Willard guns his engine, cuts me off. “How about if you and I make a deal? I'll give you part of the treasure if you get that map from Carol and bring it to me.”
I think real fast, much faster than I thought I was able. If there really
is
a treasure, then Clever and me could find it and then she'd have some money to buy diapers for her baby and some food. Everything could go back to the way it was before. Even better maybe, because I've always liked babies' toes a whole lot. “Okay, it's a deal. If I see Clever, I'll get her to give me that treasure map and bring it to you straightaway. Swear on a stack.”
(Boy, when I get my briefcase back, I'm giving myself two, no, three gold stars. I'm becoming a crackerjack liar!)
“You find that map and bring it to me or else I'll have to report Carol to the authorities for stealing and she'd have to go to jail,” Willard says, not sounding so reasonable anymore.
The kind of thunder that turns tonsils into a tuning fork rumbles overhead and with a look of apology, Keeper takes off, butt scraping up Miz Tanner's drive. (Lightning's the only real thing that seizes him up.)
“Already swore I'd bring ya the map, didn't I?” I say, scooting behind the bus so he can't run over me. I wouldn't put anything past him at this point. He's got a look of desperateness about him.
“I'm warning you,” Willard yells. “Bring me the map tonight or there'll be hell to pay.”
Standing there, watching him take off down the road under the threatening sky, I'm left to thinking that man's got an even darker side to him than I'd previously perceived.

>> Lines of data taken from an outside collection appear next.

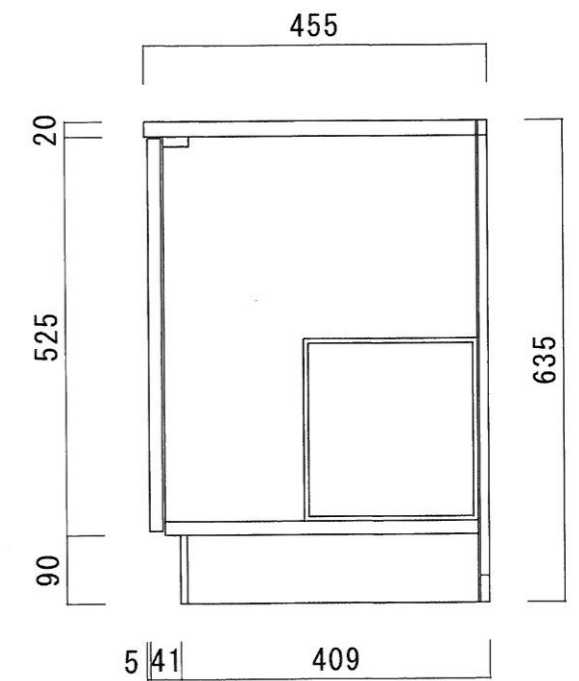

仕 様

天 板	SUS430 0.4T (ツク0.4T) L天0.3T
側 板	両面フラッシュ カラー合板 (内.外部)
底 板	片面フラッシュ カラー合板 (内部)
背 板	片面フラッシュ カラー合板 (内部)
前 板	片面フラッシュ ポリ合板 (外部)
扉	両面フラッシュ ポリ合板 (外部) カラー合板 (内部)
ケコミ板	T=9 カラー合板 (こげ茶)
排水金具	防臭装置付小型ゴミ収納器 (ジャバラホース付) (40A 直管アダプターとの交換も可能です)
コーティング棚	W=385*D=230*H=240
丁 番	ワンタッチ.スライド丁番
取 手	樹脂製 一文字取手

ニッサンハロー(株)	品 名 流し台	品 番 V46-120GR(右)	縮 尺 1:10	承認	承認	承認	担 当	図 番 V-120
------------	------------	---------------------	-------------	----	----	----	-----	--------------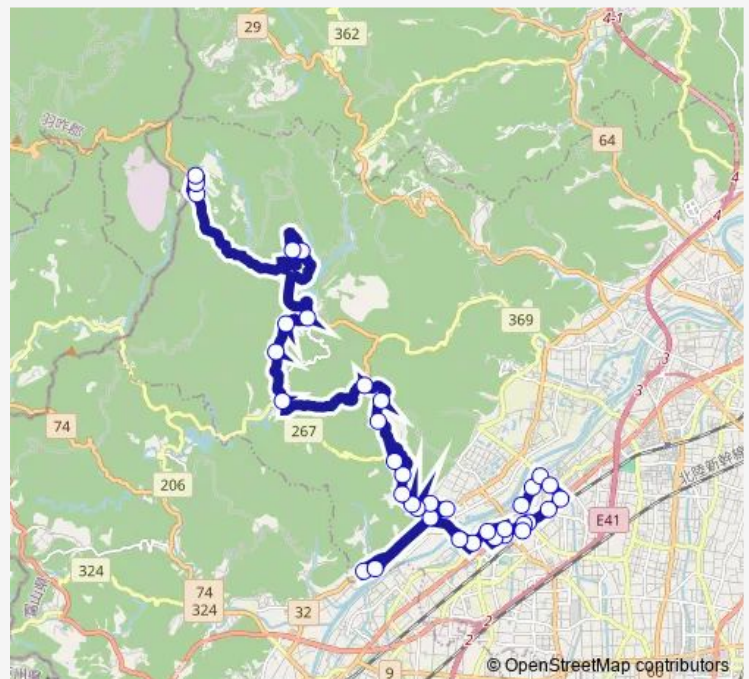

Thursday 12:30

Friday 12:30

Saturday 12:30

Sunday 12:30

Route info

Direction: 福岡小学校

Stops: 37

Trip Duration: 1 hour 15 min

五位山線 沢川行 (上野・ 栃丘経由)

福岡公園前

西明寺

西明寺パークゴルフ場南口

西明寺パークゴルフ場前

栃丘集会所前

栃丘

栃丘北部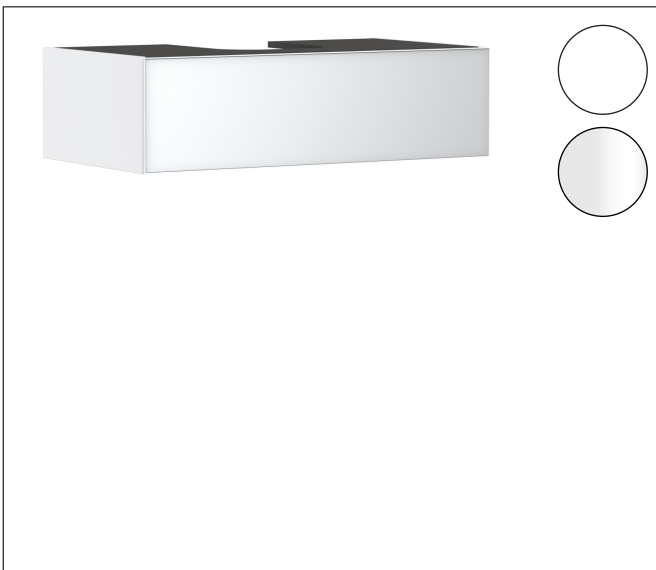

Merk	hansgrohe
Artikelnaam	Xevolos E Badmeubel Matt White 980/550 met 1 lade voor consoles met waskom/geslepen wastafel
Art.nr.	54313320
Oppervlakte	Afwerking corpus: mat wit, Oppervlak meubel: Metallic White
Netto prijs	1.381,42 EUR

Product foto

Maat tekeningen

Kenmerken

- bestaat uit: badkamermeubel, Basic Box-set, ruimtebesparende sifon
- materiaal behuizing: vezelplaat van gemiddelde dichtheid (MDF)
- oppervlaktemateriaal behuizing: lak
- materiaal voorzijde: glas
- oppervlaktemateriaal voorzijde: metaal (satinglans)
- materiaal voorframe: aluminium
- oppervlaktemateriaal voorframe: poederlak (kleur van behuizing)
- SmoothSurface: glad en effen voor een geweldig gevoel
- AntiFingerprint: oplossing tegen vingerafdrukken
- MoistureProof: duurzaam materiaal dat lang mooi blijft
- greeploos
- open via PushOpen-functie
- type opening: volledig uittrekbaar
- 1 lade
- zonder uitsparing voor sifon
- SoftClose, voor vloeiend en zacht sluiten
- individuele en flexibele opbergruimte dankzij het verdelen van de binnenkant
- 2 basisbox-sets inbegrepen
- 1 ruimtebesparende sifon met waterafdichting 50 mm
- wandmontage
- montagevoorwaarde: voorgemonteerd

Technologie

Certificaat

Merk	hansgrohe
Artikelnaam	Xevolos E Badmeubel Matt White 980/550 met 1 lade voor consoles met waskom/geslepen wastafel
Art.nr.	54313320
Oppervlakte	Afwerking corpus: mat wit, Oppervlak meubel: Metallic White
Netto prijs	1.381,42 EUR

Benodigde onderdelen (naar keuze)

Product foto	Artikelnaam	Art.nr.	Prijs
	hansgrohe console 980/550 met uitsparing in het midden voor inbouwwastafel geslepen	54209700	367,95
	hansgrohe console 980/550 met uitsparing in het midden voor waskom zonder kraangat	54329700	367,96

In fact, it's clear as can be that Mr. Willard DuPree of New York City has got a whole lot more sympathy for the devil than he does for my Clever.

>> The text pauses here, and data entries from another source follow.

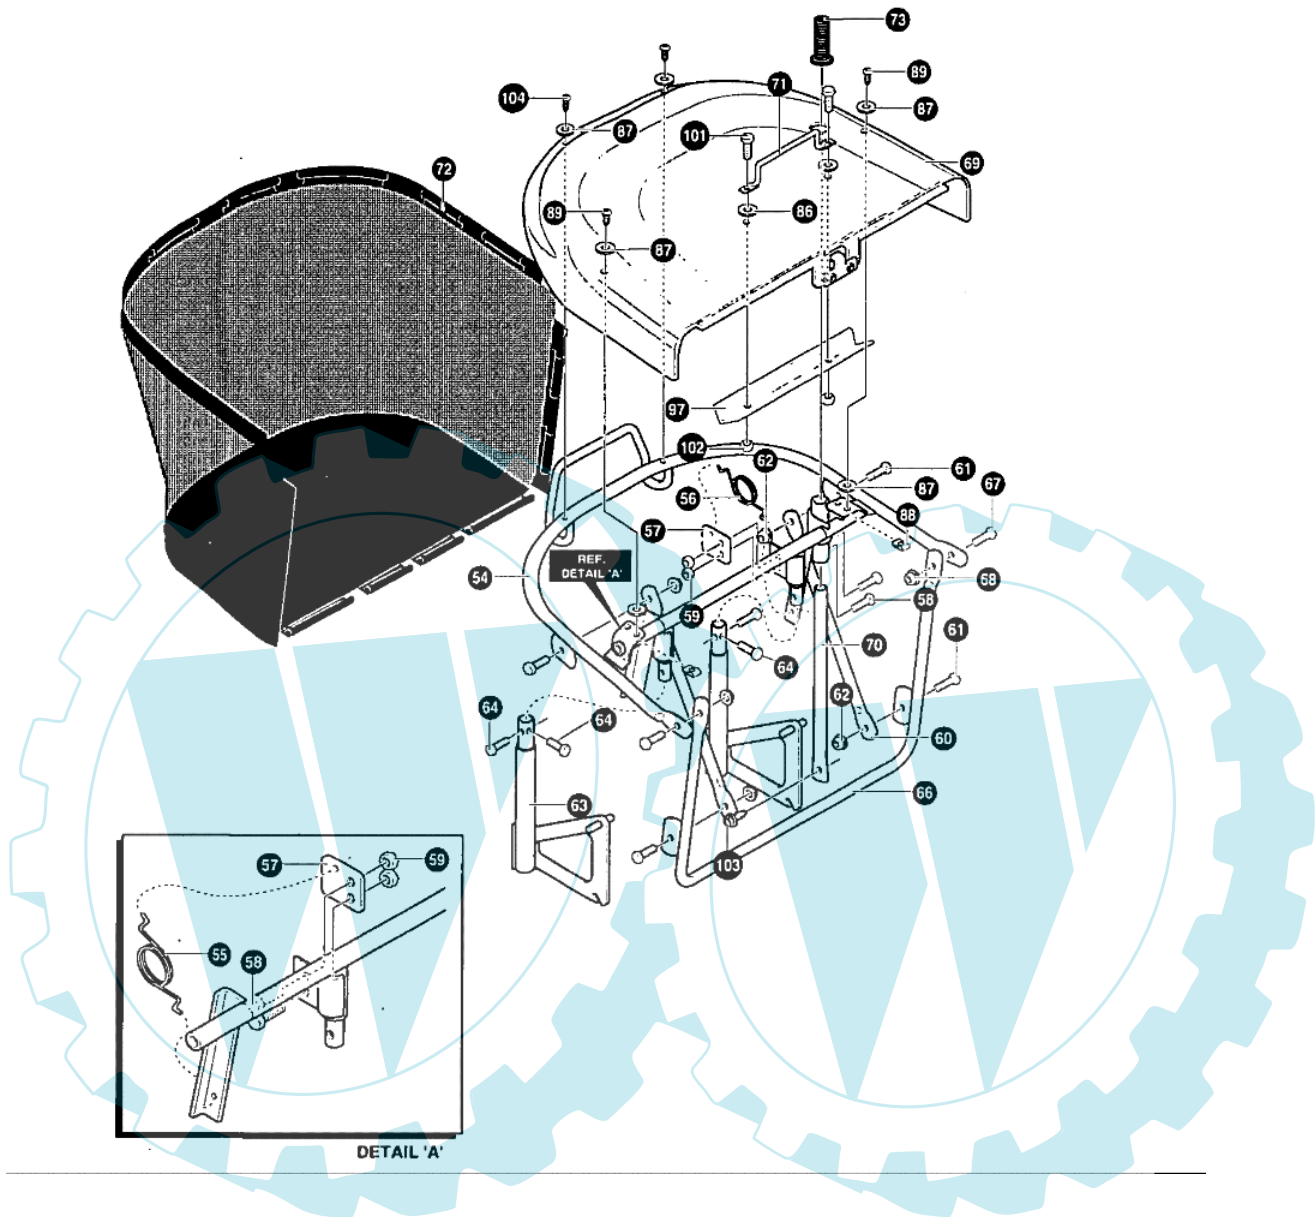

MARATHON 12.5 - (2° Sr.) - Hintere chassigruppe

Bild Nr.	Anz.	Teilenummer	Beschreibung	Technische Nachricht
54	1	T690044-821	Nicht verfügbar für diesen produkt	
55	1	T690003	Feder	
56	1	T690004	Feder	
57	2	T95339-821	Nicht verfügbar für diesen produkt	
58	4	T313686	Schraube	
59	4	T73826	Mutter	
60	2	T94850-821	Nicht verfügbar für diesen produkt	
61	4	T711909	Schraube	
62	4	T711632	Mutter	
63	2	T95343-821	Nicht verfügbar für diesen produkt	
64	4	T711653	Schraube	
66	1	T95349-821	Nicht verfügbar für diesen produkt	
67	2	T711909	Schraube	
68	2	T711632	Mutter	
69	2	T94908-898	Nicht verfügbar für diesen produkt	
70	1	T94853	Handgriff	
71	1	T94855-821	Handgriff	
72	1	T95389	Ersatzsack	
73	1	T94854	Handgriff	
86	2	T712129	Scheibe	
87	6	T711921	Scheibe	
88	2	T578107	Mutter	
89	2	T711674	Schraube	
97	1	T690010-821	Nicht verfügbar für diesen produkt	
101	2	T712068	Schraube	
102	2	T711632	Mutter	
103	1	T711741	Schraube	
104	2	T711741	Schraube

By the time I stagger through Miz Tanner's barn doors, the storm has shared half of itself with me. “Keeper?” I call out, swiping the wet off. Popping his head out of the tack room, he gives me a nod, but slinks back fast under a saddle rack. (I'd go and comfort him, but he doesn't go in for that sort of thing.) “I'm gonna get the leather-like, be right back.” Because no way am I waitin' until the sky has finished throwing its hissy fit. I need my briefcase back NOW. I've been feeling as unbalanced as a tightrope walker without a pole. Inching out beneath the barn overhang, when I get to the bushes where I left it, I steady myself against the soaked barn wood, reach in and grope for the worn handle, but it's nowhere there.
“Gib? What . . . rain . . . doin'?” Miss Jessie yells. I didn't notice her on my way up, but I shoulda known she'd be out on the porch in her bentwood rocker since she and I have more than once enjoyed watching a good gully washer together.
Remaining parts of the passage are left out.